REQUIRED WORK: Each line in the records that mentions the word "BRECCIA" needs to be listed.

------ DATA SHOWN ------

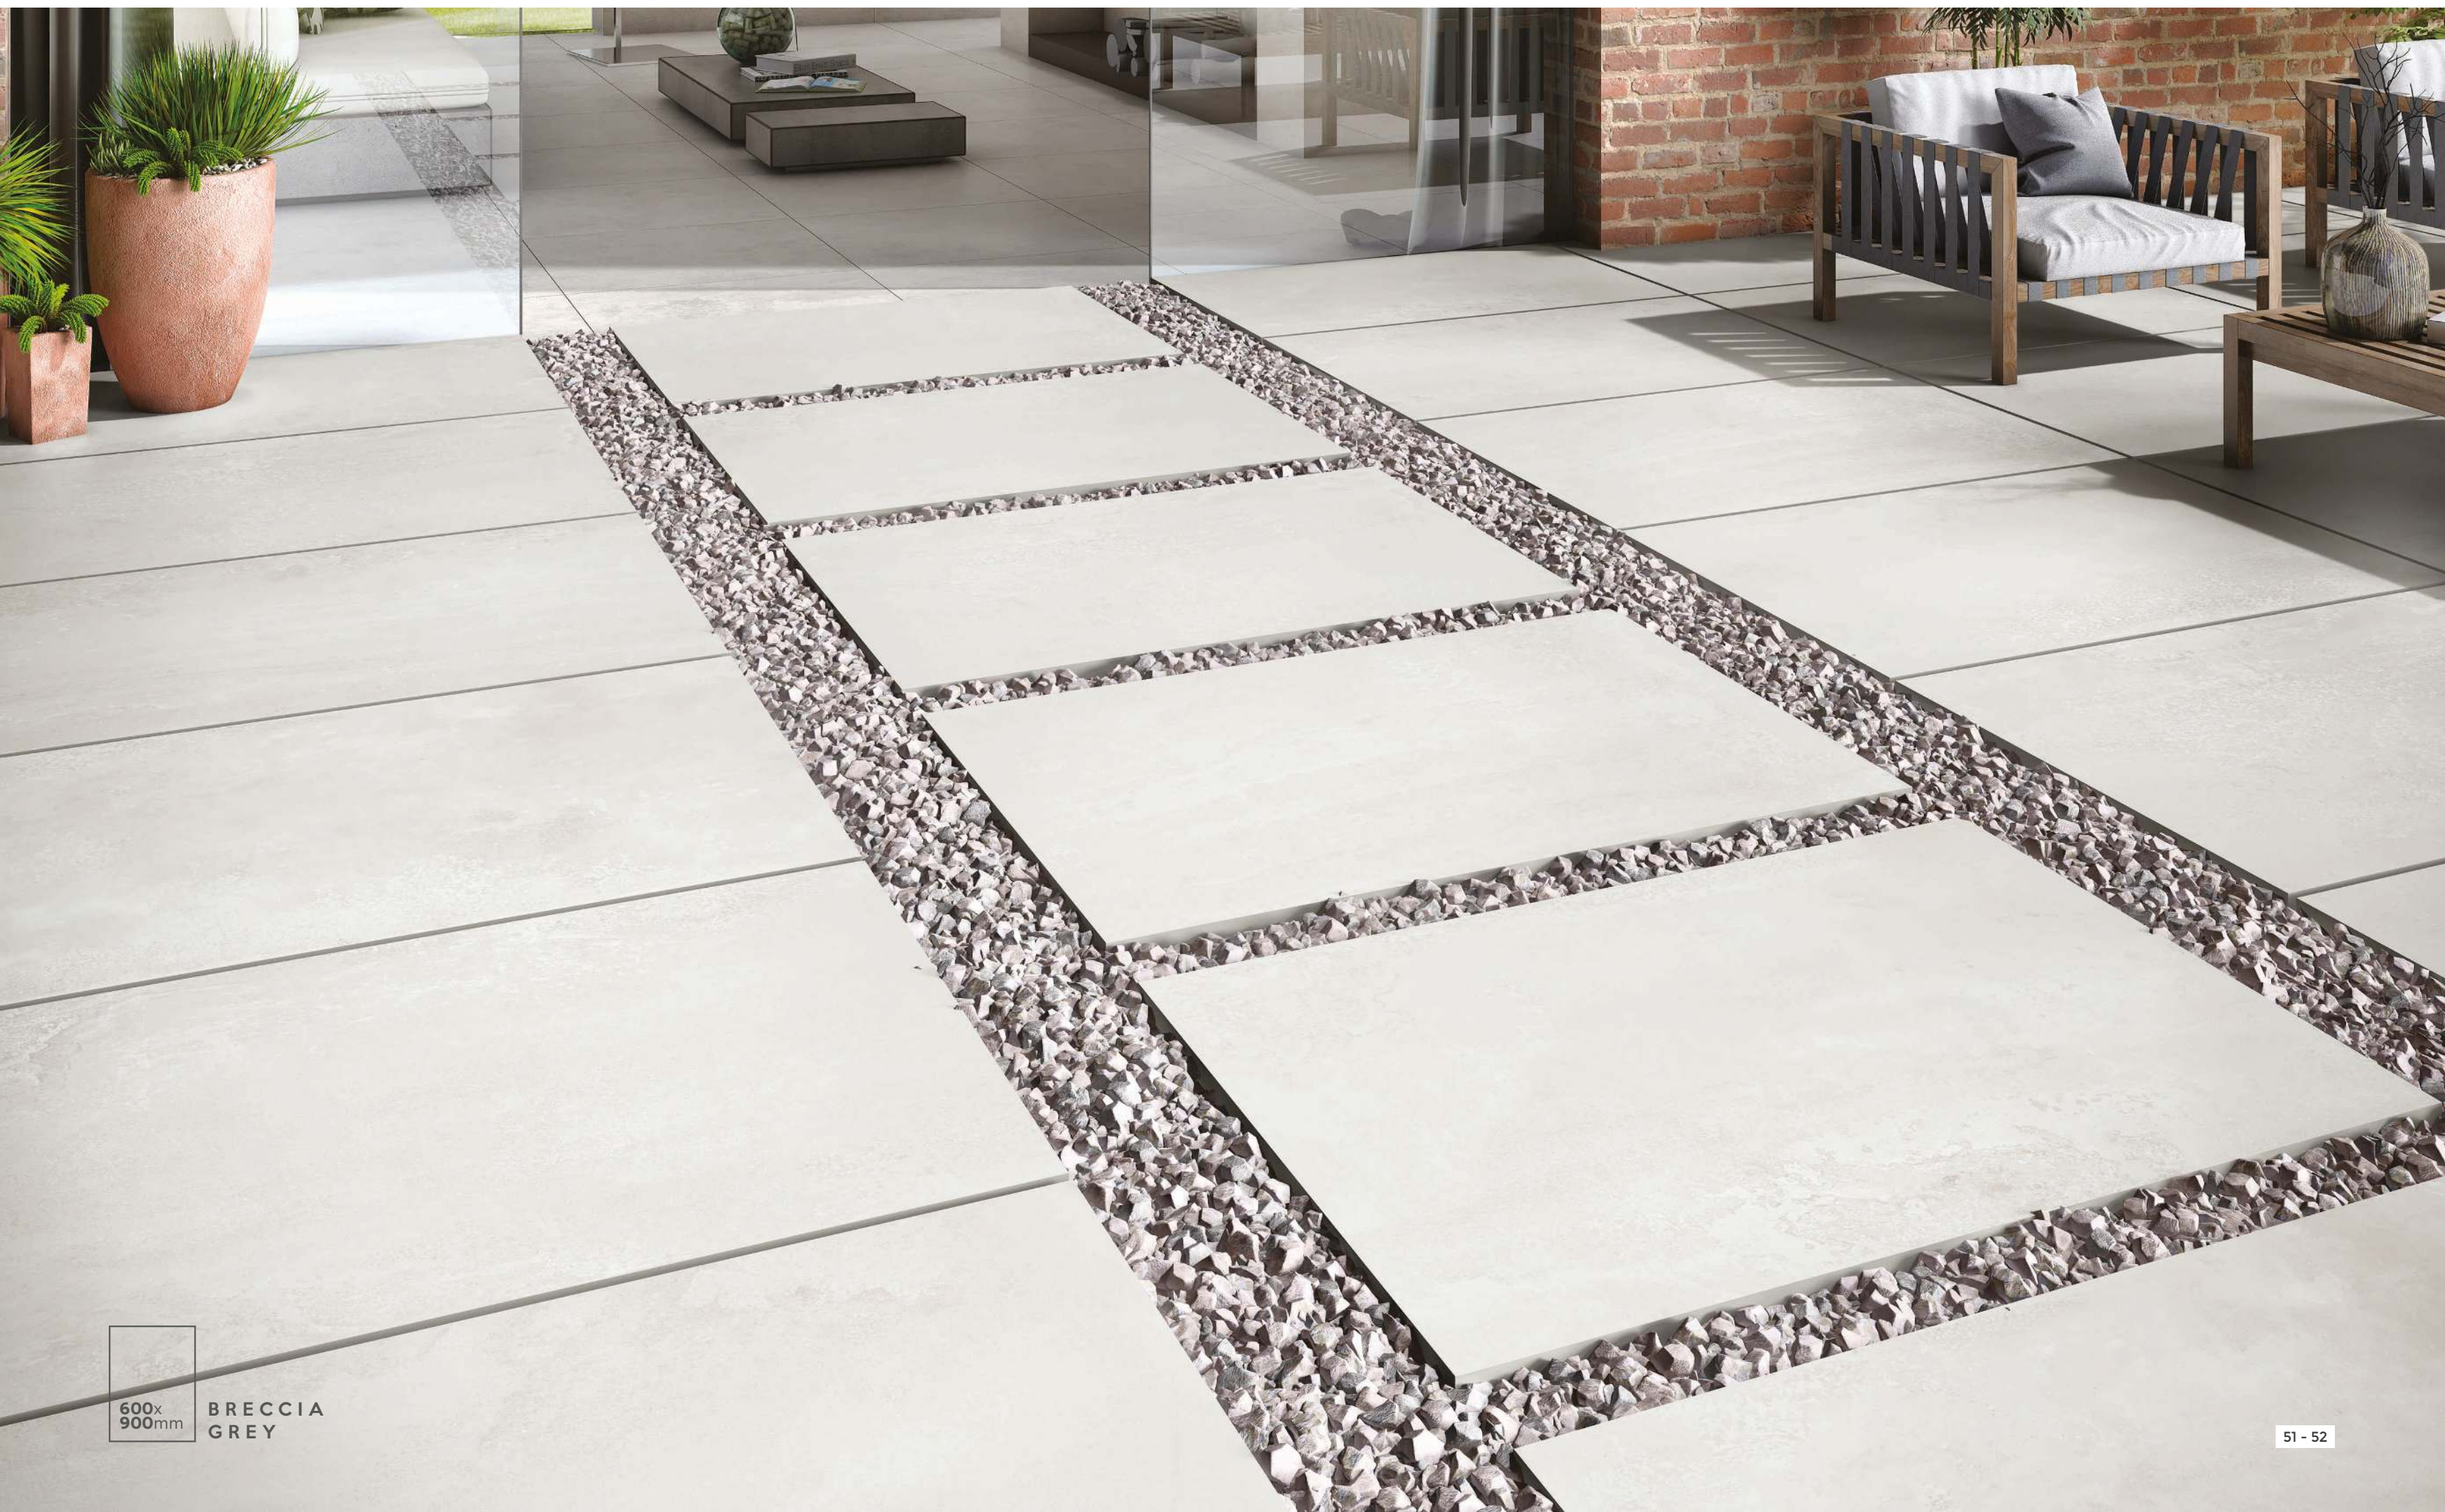

BRECCIA CREMA —

10 Random

BRECCIA GREY —

20mm | OUTDOOR PORCELAIN TILES

600X600mm | 60X60cm | 600X900mm | 60X90cm

600X1200mm | 60X120cm

600x
900mm
**BRECCIA
GREY**

COLORS AVAILABLE IN THIS SERIES

------

ANSWER:
BRECCIA CREMA —
BRECCIA GREY —
**BRECCIA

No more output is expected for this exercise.